NYCPlanning / db-developments

🏠 🏘️ 🏗️ Developments Database
https://nycplanning.github.io/db-developments
8 stars 2 forks source link

Geocoding results from data sync have two library archive functions #506

Open td928 opened 2 years ago

td928 commented 2 years ago

data_sync.yml relies on two functions from devdb.sh library_archive and library_archive_version to manage the geocoded results for HNY and DOB. This seems confusing at best and at worst can make data ingestion and keep track of source data versioning problematic because the main distinction of those two functions are how they are getting the versioning for the different datasets. One is taking the version date from open data with get_version function and the other is taking the github workflow input from user.

td928 commented 1 year ago

To further explain the confusion with library_archive_version, the use of ${{ github.event.inputs.version }} somehow does not align with the date github action date.
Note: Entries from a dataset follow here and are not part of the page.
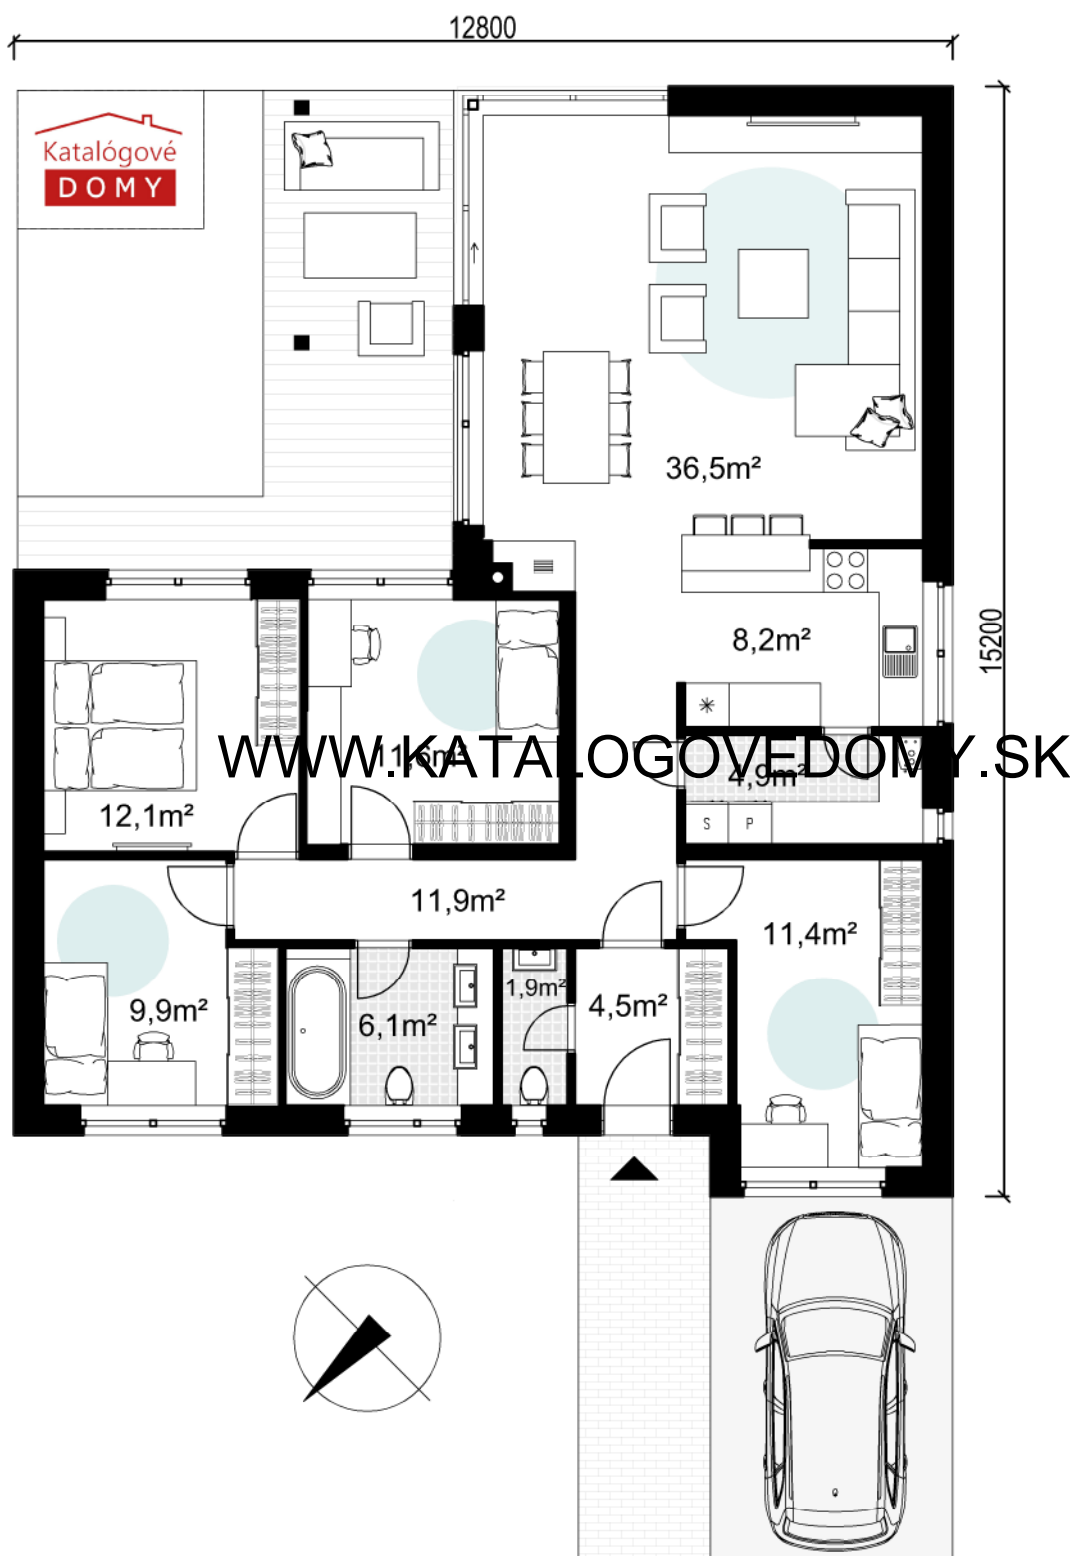

PRÍZEMNÝ RODINNÝ DOM L MINI BEZ GARÁŽE KATALÓGOVÝ PROJEKT

ZASTAVANÁ PLOCHA : 146,2 m²
ÚŽITKOVÁ PLOCHA : 119,0 m²

www.katalogovedomy.sk
02/52964037, 0905 485 363
Ing. arch. Lubica Ondreášová
info@katalogovedomy.sk
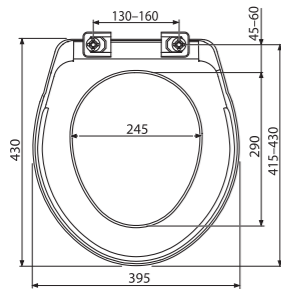

A6551
WC daska Basic Antibacterial

	Količina (pakovanje)	15 kom
	Količina (paleta)	270 kom
	Šarke	-
	Materijal	polipropilen
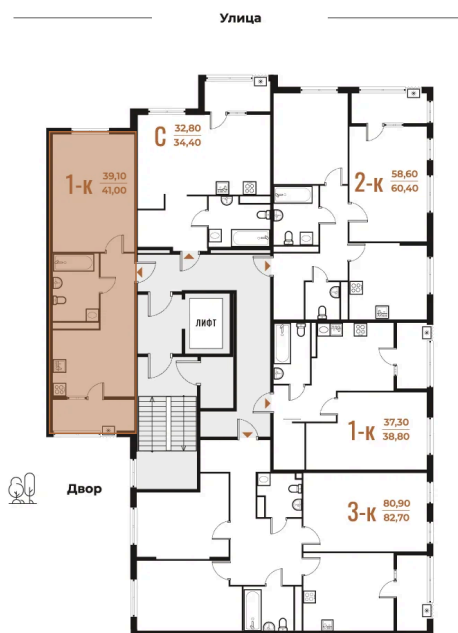

На этаже 5

1 комнатная 41 м²

Адрес офиса продаж

г Москва, р-н Коммунарка, деревня Зименки, д 6Б

время работы

пн-пт: 09:00-21:00 сб-вс: 09:00-21:00

03.04.2026 08:39 (Мск)

Не является публичной офертой, цена может быть скорректирована. Информация взята с сайта «novoe-letovo.ru»
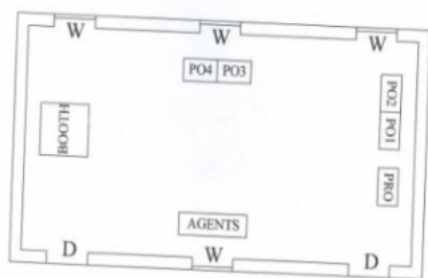

নির্বাচক নিবন্ধন আধিকারিকের স্বাক্ষর

Nazri Naksha

Google Map View

Polling Station Building Front View

Polling Station Front View

Cad View

Key MAP View

বিধানসভা নির্বাচনক্ষেত্রের নং, নাম : 240-বাঘমুন্ডি
ভাগ নং, নাম : 1-তোড়াং,মাহাতপাড়া,ওরাংপাড়া
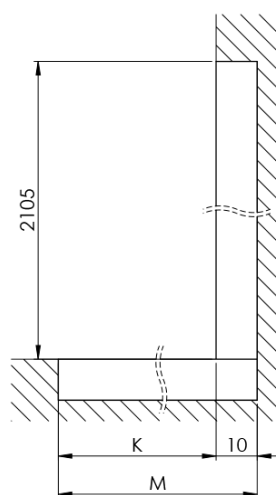

ARCHITEX CHROM sprchová zástena 762 mm, dymové mat sklo

Objednací kód: AXC80SM

Základné informácie

Značka: Polysan
Séria: ARCHITEX

Rozmery

Šírka: 762 mm
Výška: 2100 mm

Vlastnosti

Farba profilu: Chróm
Tvar: Jednostenná pevná
Typ výplne: Dymové matné sklo
Úprava skla: Antidrop
Hrúbka skla: 8 mm
Hmotnosť / ks: 38.085 kg
Balenie: 2 ks
Záruka: 2 roky

Technický list

MODEL	K	L	M
ES1070 / ES1170 / ES1270 / ES1370 / ES1570	662	667	672
ES1080 / ES1180 / ES1280 / ES1380 / ES1580	762	767	772
ES1090 / ES1190 / ES1290 / ES1390 / ES1590	862	867	872
ES1010 / ES1110 / ES1210 / ES1310 / ES1510	962	967	972
ES1011 / ES1111 / ES1211 / ES1311 / ES1511	1062	1067	1072
ES1012 / ES1112 / ES1212 / ES1312 / ES1512	1162	1167	1172
ES1013 / ES1113 / ES1213 / ES1313 / ES1513	1262	1267	1272
ES1014 / ES1114 / ES1214 / ES1314 / ES1514	1362	1367	1372

It is somehow get saved in DO with date earlier than the input date.

td928 commented 1 year ago

Also it might be good to give a larger overhaul to the data sync process a thought because currently if the workflow dispatch is given a specific date. The update for the dob_geocoded_results would not be updating the data for that specific date which the the process seems to suggest. It would take the most recent dob_jobapplication and dob_permittance data, geocoding them, and send them to the workflow dispatch date version folder on DO. So one improvement here is to separate the data sync action (which just pull from open data and update DO) and geocoding step (which pull from DO and geocode the DOB data) will make the process more manageable imo.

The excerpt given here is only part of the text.